No, it couldn't hold (reserve) the channel. You could lose it part way through if no one else with a STB is watching.


----------



## TexasAg (Apr 2, 2006)

ah30k said:


> No, it couldn't hold (reserve) the channel. You could lose it part way through if no one else with a STB is watching.


FlippedBit proposed in another thread that if you had multiple Tivos (like an S2), you could cause an STB hooked to the S2 to tune to a channel you wanted. That might help ensure you get the channel on the S3.


----------



## SMWinnie (Aug 17, 2002)

ah30k said:


> I must have missed where it was answered before. The S3 *could* find channels that are currently turned on *if* the carousel with channel map data (the one that your S3 reads from the CableCARD after power-on) is updated in a timely manner.


This is where my technical understanding falls apart.

I can imagine the MSOs winning the SDV argument before the FCC, since it really does offer more channels over the same bandwidth.
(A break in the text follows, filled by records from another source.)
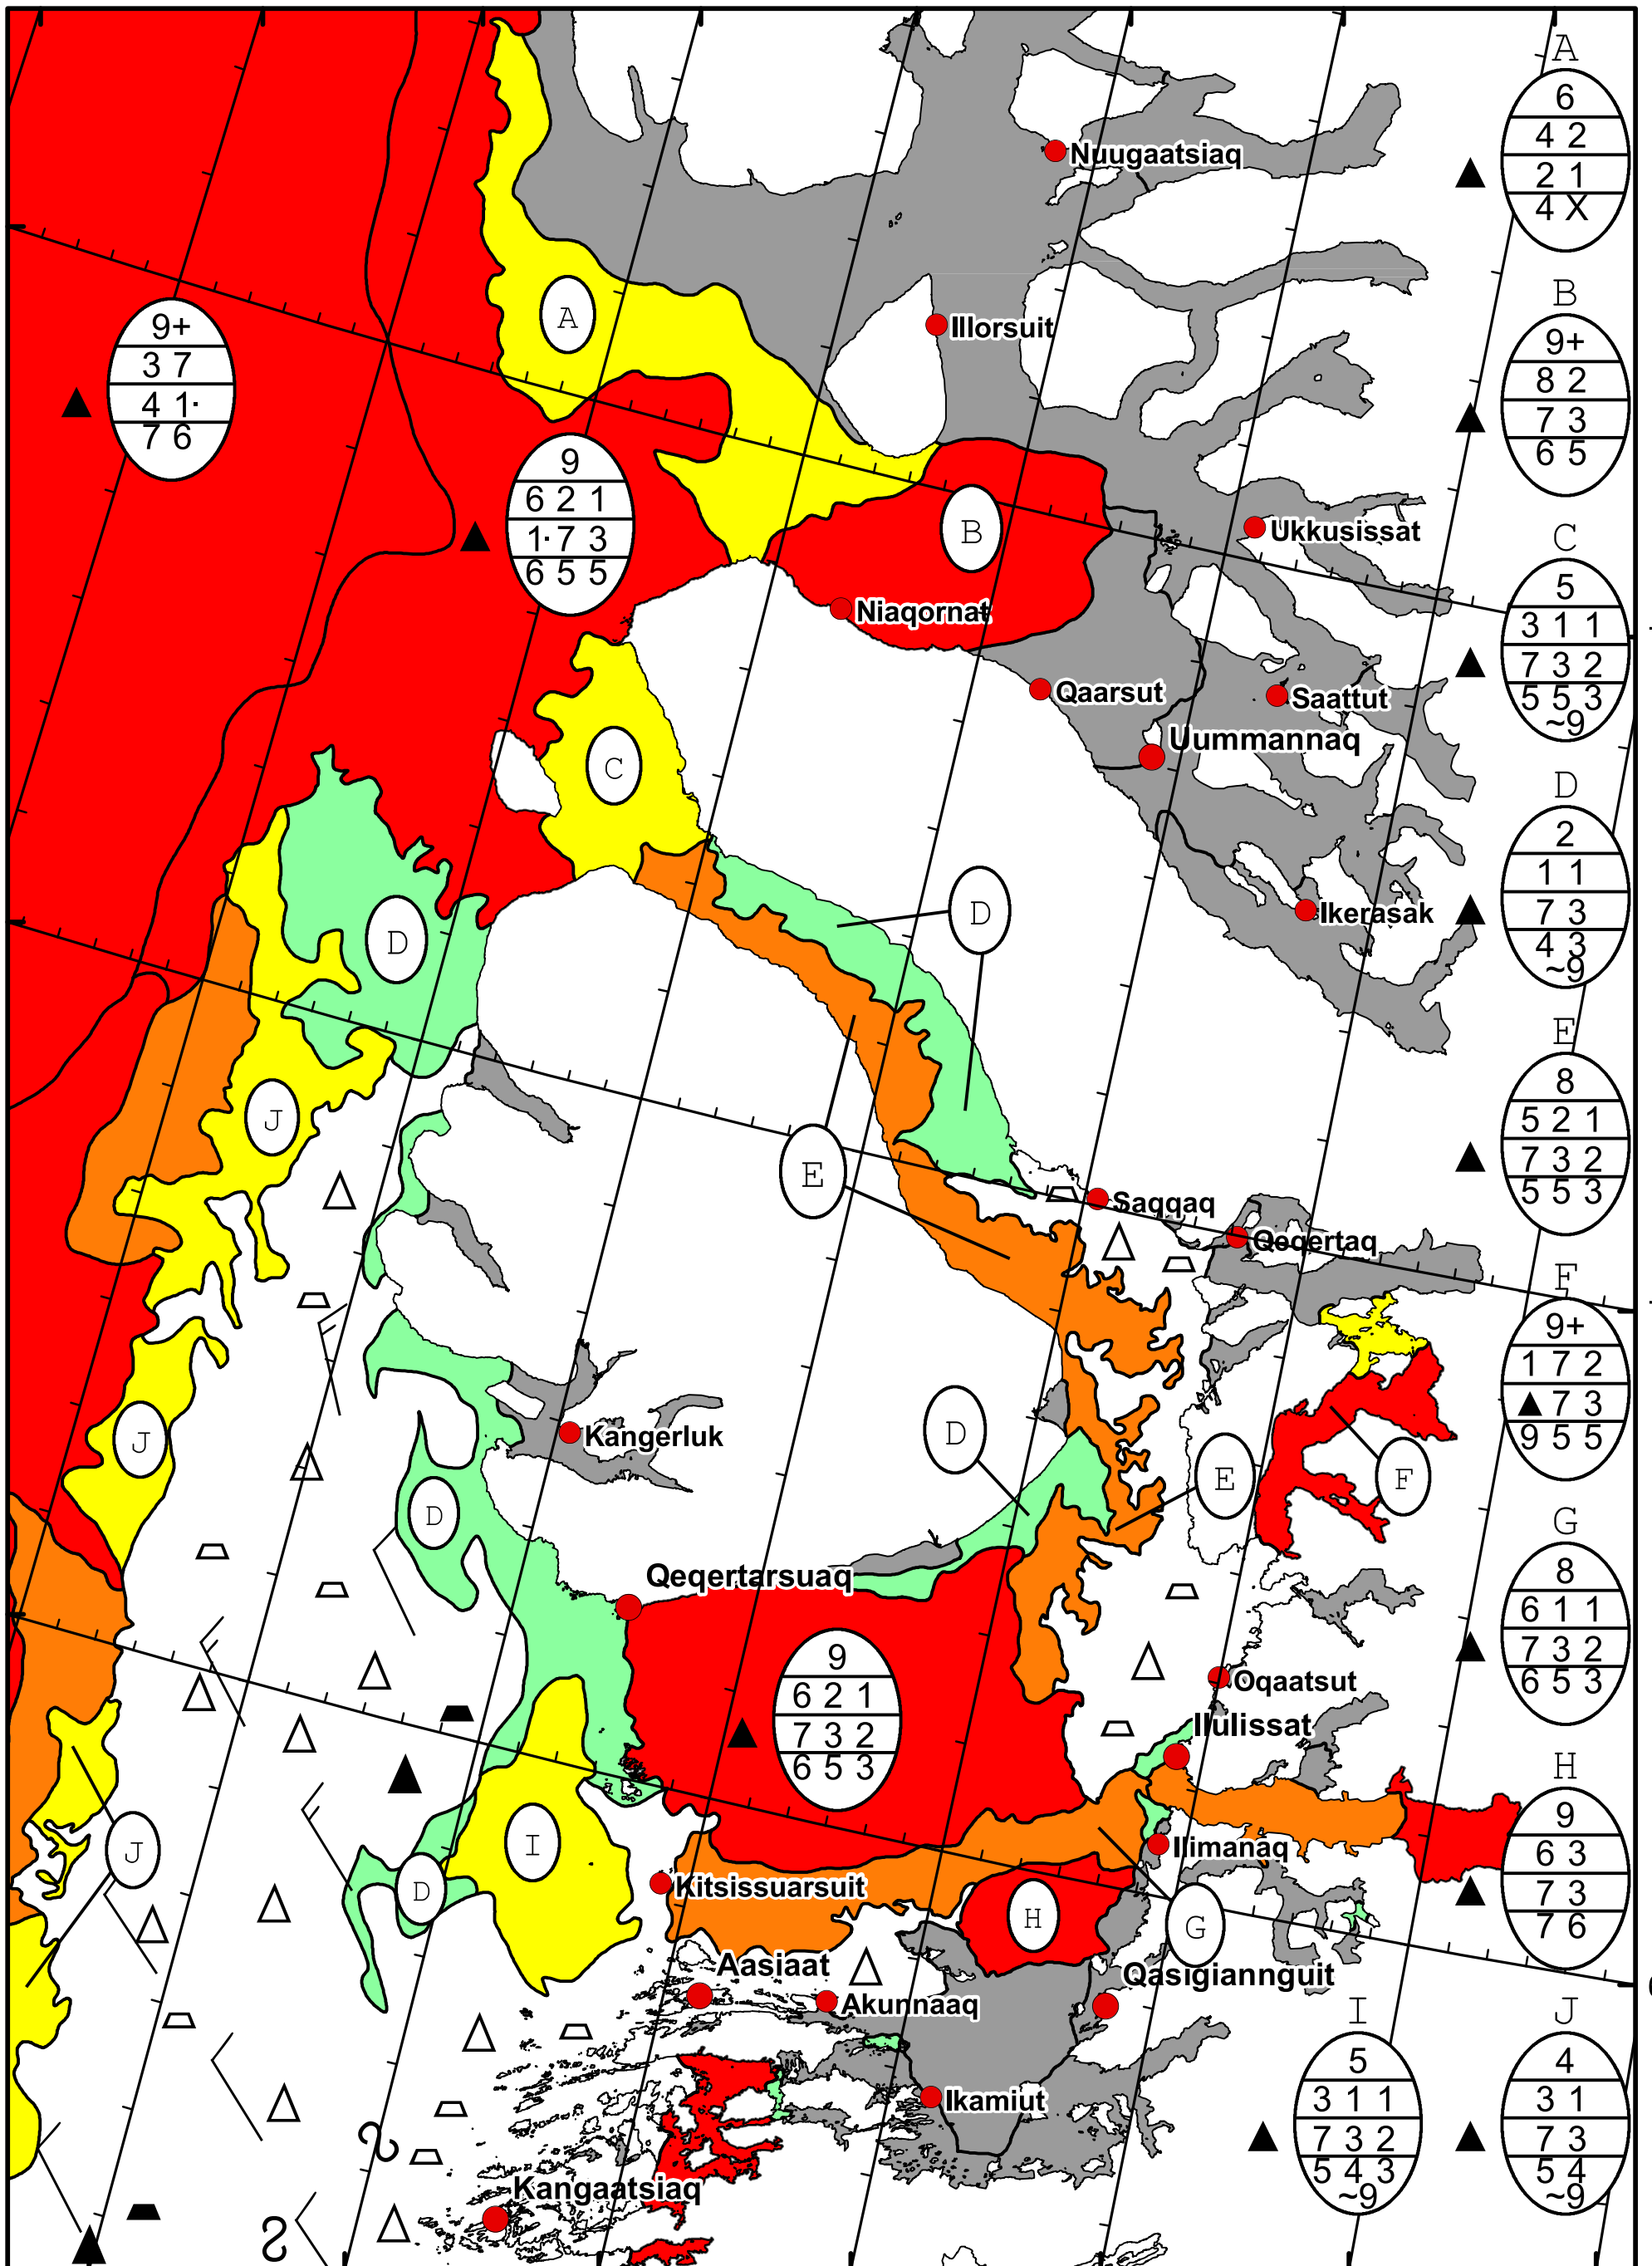

58°W 57°W 56°W 55°W 54°W 53°W 52°W 51°W

71°N

70°N

69°N

71°N

70°N

69°N

9+
3 7
4 1
7 6

9
6 2 1
1 7 3
6 5 5

9
6 2 1
7 3 2
6 5 3

6
4 2
2 1
4 X

9+
8 2
7 3
6 5

5
3 1 1
7 3 2
5 5 3
~9

2
1 1
7 3
4 3
~9

8
5 2 1
7 3 2
5 5 3

9+
1 7 2
▲ 7 3
9 5 5

8
6 1 1
7 3 2
6 5 3

9
6 3
7 3
7 6

5
3 1 1
7 3 2
5 4 3
~9

4
3 1
7 3
5 4
~9

West Greenland Ice Chart
 DMI Danish Meteorological Institute
 Ice Service Valid: 19 April 2024, 10:00 UTC

What confuses me is whether some of the possible implementations of SDV might be harmonizable with the FCC's intent regarding CableCard.

So, naively, if the FCC were to mandate that (1) CableCard channel maps be frequently updated as ah30k describes and (2) third-party devices be allowed to request SDV channels, would that be technologically onerous? (Isn't that all TiVo would need to add on a USB Series 3 SDV dongle?)


----------



## legendarybc (Dec 17, 2006)

Here's an article about the gaining momentum of SDV:

Rollouts Fuel Switching Buzz

SCARY! Makes me want to sell my S3 and admit that TiVo was defeated. When is the FCC going to step in?

BC

...depressed in ohio...


----------



## FlippedBit (Dec 25, 2001)

TexasAg said:


> FlippedBit proposed in another thread that if you had multiple Tivos (like an S2), you could cause an STB hooked to the S2 to tune to a channel you wanted. That might help ensure you get the channel on the S3.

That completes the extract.